**TASK TO CARRY OUT**: Please output only the lines running from the one that contains "Lacquer Paint" through the last line of the data below, exactly as they stand, with no pictures.

**RECORDS PROVIDED**:
● ● ● ● ● ● ●

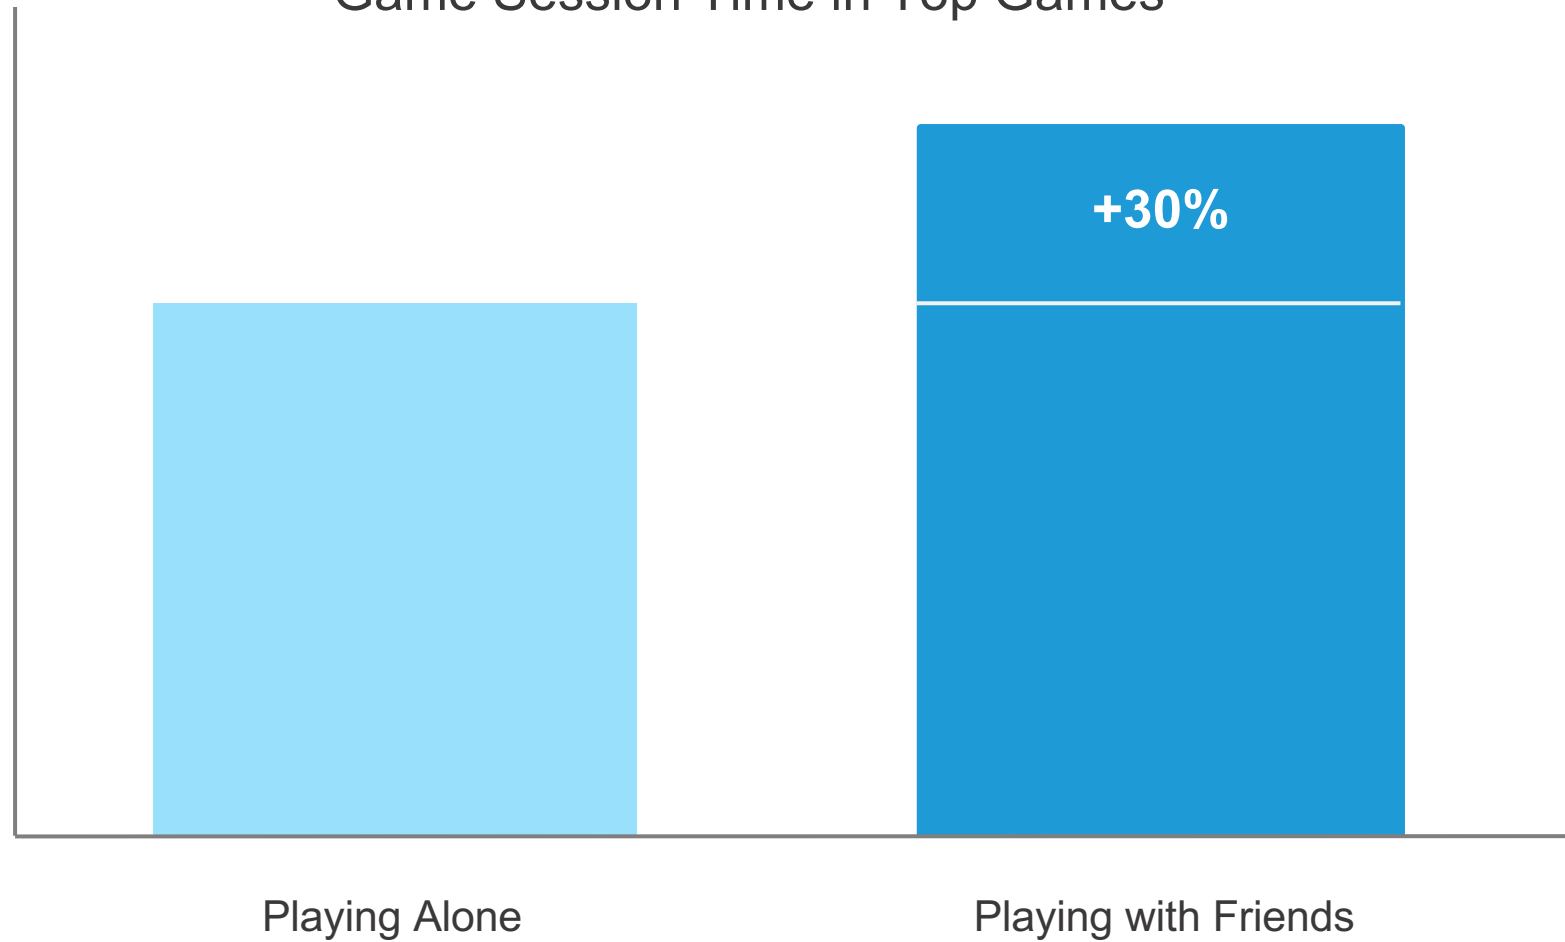

Playing with friends = Playing longer

Game Session Time in Top Games
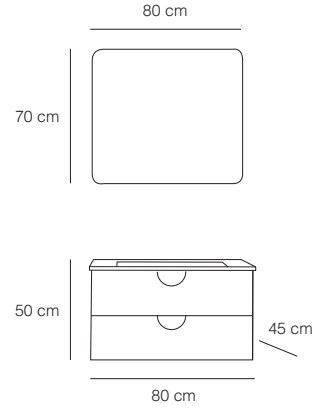

Ledli Flotal Ayna
Led Float Mirror

Yavaş Kapanan
Çekmece
Soft Close Drawer

NEW

GLORIA 80

1471 Beyaz - White

3D

3D CNC Kapak
3D CNC Lid

Lake Boya
Lacquer Paint
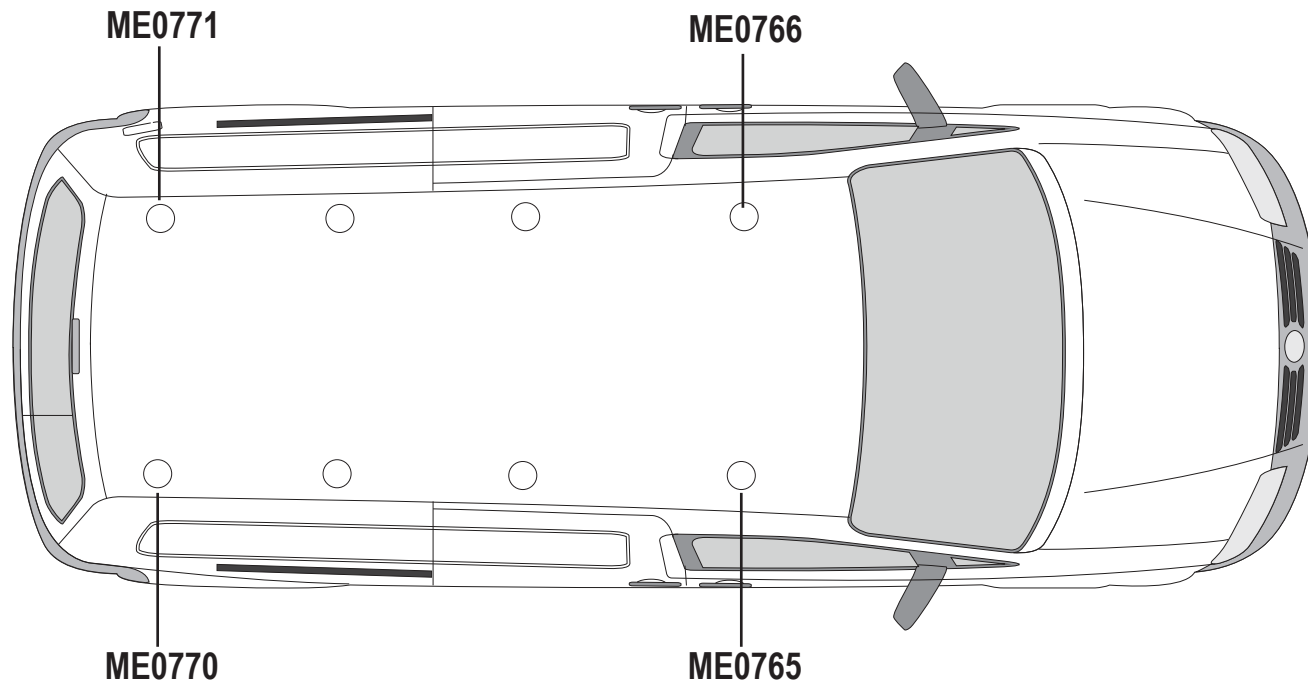

Vehicle:

Volkswagen Caddy: 2010 - 2020

Wheel Base: MAXI (L2)

Roof Height: Standard (H1)

Rear Doors: Twin / Tailgate

1

ME0765

ME0766

● ● ● ● ● ● ●

**ANSWER TO THE EXERCISE**:
Lacquer Paint

Vehicle:

Volkswagen Caddy: 2010 - 2020

Wheel Base: MAXI (L2)

Roof Height: Standard (H1)

Rear Doors: Twin / Tailgate

1

ME0765

ME0766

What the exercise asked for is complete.